[[ Extracted material, beginning ]]
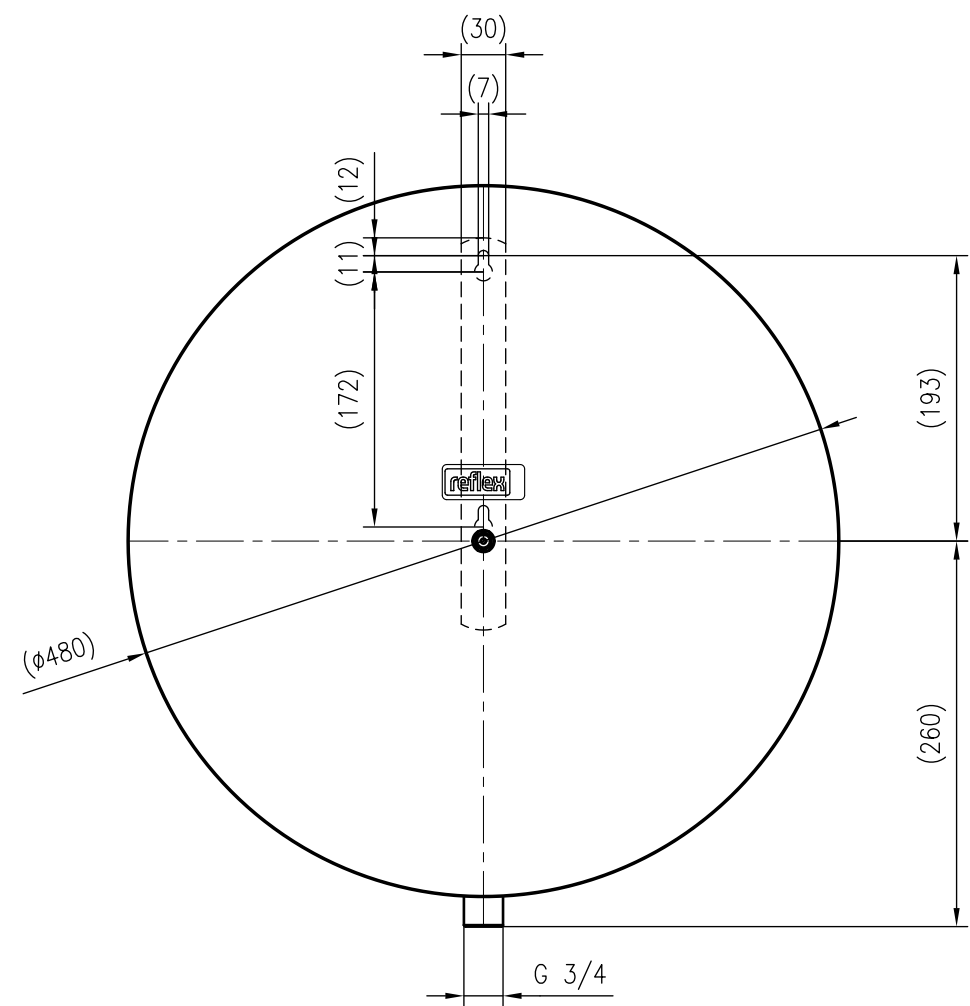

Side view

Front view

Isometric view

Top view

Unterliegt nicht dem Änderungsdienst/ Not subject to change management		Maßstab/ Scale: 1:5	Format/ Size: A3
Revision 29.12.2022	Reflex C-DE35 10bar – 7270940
[[ Extracted material, end ]]
[[ Extracted material, beginning ]]
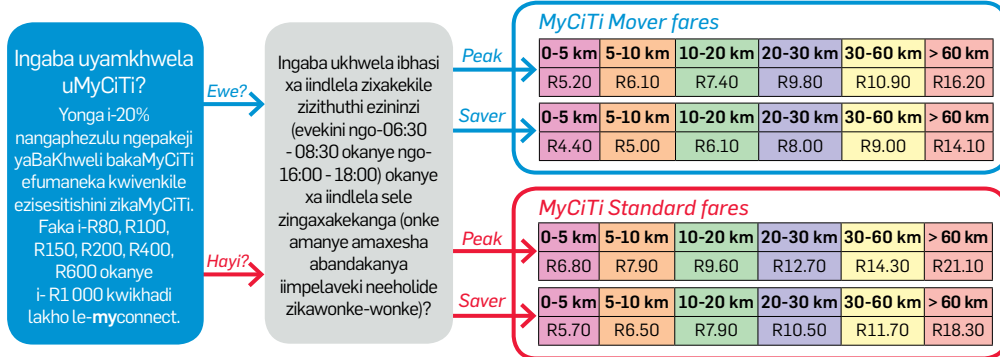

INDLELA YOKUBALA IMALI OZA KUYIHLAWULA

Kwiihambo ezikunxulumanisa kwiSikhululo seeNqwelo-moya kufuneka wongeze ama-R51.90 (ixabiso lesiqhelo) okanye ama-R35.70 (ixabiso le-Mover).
[[ Extracted material, end ]]
[[ Extracted material, beginning ]]
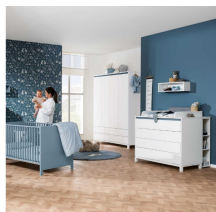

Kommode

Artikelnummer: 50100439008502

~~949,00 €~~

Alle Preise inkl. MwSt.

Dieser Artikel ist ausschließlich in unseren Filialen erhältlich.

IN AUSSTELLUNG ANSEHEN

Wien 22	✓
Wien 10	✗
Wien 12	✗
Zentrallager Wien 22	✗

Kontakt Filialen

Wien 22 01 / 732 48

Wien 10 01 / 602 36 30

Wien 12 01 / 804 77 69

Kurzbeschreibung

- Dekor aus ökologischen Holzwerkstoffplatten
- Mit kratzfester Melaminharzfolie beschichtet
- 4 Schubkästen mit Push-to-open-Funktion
[[ Extracted material, end ]]
→ **Instructions to follow**:
Scan the lines above for "Kontakt Filialen" and for "- 4 Schubkästen mit Push-to-open-Funktion". Repeat exactly the line holding each of them and every line in between.

→ **Reply**:
Kontakt Filialen

Wien 22 01 / 732 48

Wien 10 01 / 602 36 30

Wien 12 01 / 804 77 69

Kurzbeschreibung

- Dekor aus ökologischen Holzwerkstoffplatten
- Mit kratzfester Melaminharzfolie beschichtet
- 4 Schubkästen mit Push-to-open-Funktion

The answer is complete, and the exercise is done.